── RECORDS

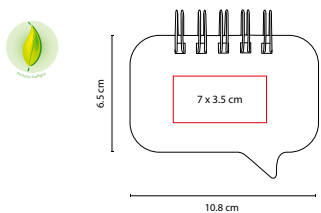

COLORES PAN: Beige

Incluye notas adheribles: 25 amarillas y banderas de colores. Regla de 14 cm impresa.

HL 6045

PORTA NOTAS MUHAM

MATERIAL: Cartón / Papel
 MEDIDA: 10.8 x 6.5 cm
 ÁREA DE IMPRESIÓN: 7 x 3.5 cm
 TÉCNICA DE IMPRESIÓN: Serigrafía
 COLORES GTM: Beige
 COLORES PAN: Beige
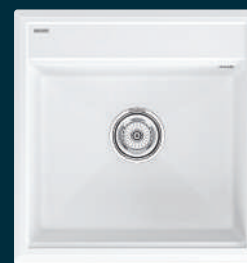

КУХОННЫЕ МОЙКИ СЕРИИ QUARZ

STEPIA-500 PM115051

────

[TO DO]:
Starting with the line that holds "MEDIDA: 10.8 x 6.5 cm", return each line exactly through the final line of the entries above; pictures are not part of the output.

[RESPONSE AREA]:
 MEDIDA: 10.8 x 6.5 cm
 ÁREA DE IMPRESIÓN: 7 x 3.5 cm
 TÉCNICA DE IMPRESIÓN: Serigrafía
 COLORES GTM: Beige
 COLORES PAN: Beige

КУХОННЫЕ МОЙКИ СЕРИИ QUARZ

STEPIA-500 PM115051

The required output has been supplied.